**Exercise:** Reproduce the entries below exactly, but leave the pictures out.

• • • • •

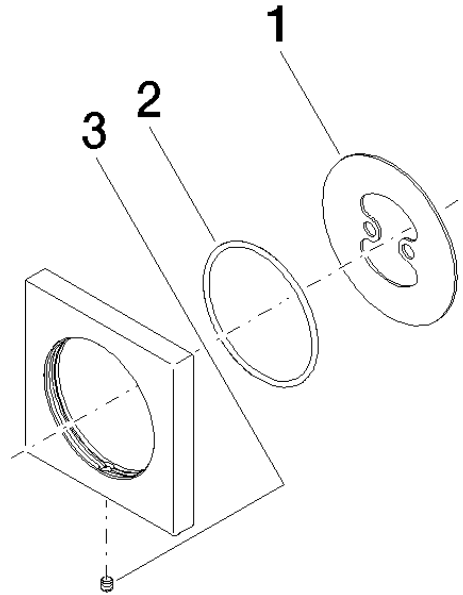

12 720 980

- Roseta 70 x 70 mm

Puede combinarse sólo con las partes vistas 36 002
970-FF / 36 110 970-FF / 36 111 970-FF / 36 112 970-
FF / 36 050 970-FF.

Encaja con: IMO, LULU, MADISON, MEM,
TARA, CL.1, LISSÉ, VAIA, META, CYO

12 720 980

mm [inches]

12 720 980

Piezas para otros acabados pueden encontrarse aquí:
Cromo

Lista de piezas de recambios

N°	Número de artículo	Denominación	Cantidad de montaje	Plazo de entrega
1	09 30 11 291 90	disco	1	2
2	09 14 10 046 90	sello	1	2
3	09 31 11 099 90	varilla	1	2

• • • • •

**Answer box:**
12 720 980

- Roseta 70 x 70 mm

Puede combinarse sólo con las partes vistas 36 002
970-FF / 36 110 970-FF / 36 111 970-FF / 36 112 970-
FF / 36 050 970-FF.

Encaja con: IMO, LULU, MADISON, MEM,
TARA, CL.1, LISSÉ, VAIA, META, CYO

12 720 980

mm [inches]

12 720 980

Piezas para otros acabados pueden encontrarse aquí:
Cromo

Lista de piezas de recambios

N°	Número de artículo	Denominación	Cantidad de montaje	Plazo de entrega
1	09 30 11 291 90	disco	1	2
2	09 14 10 046 90	sello	1	2
3	09 31 11 099 90	varilla	1	2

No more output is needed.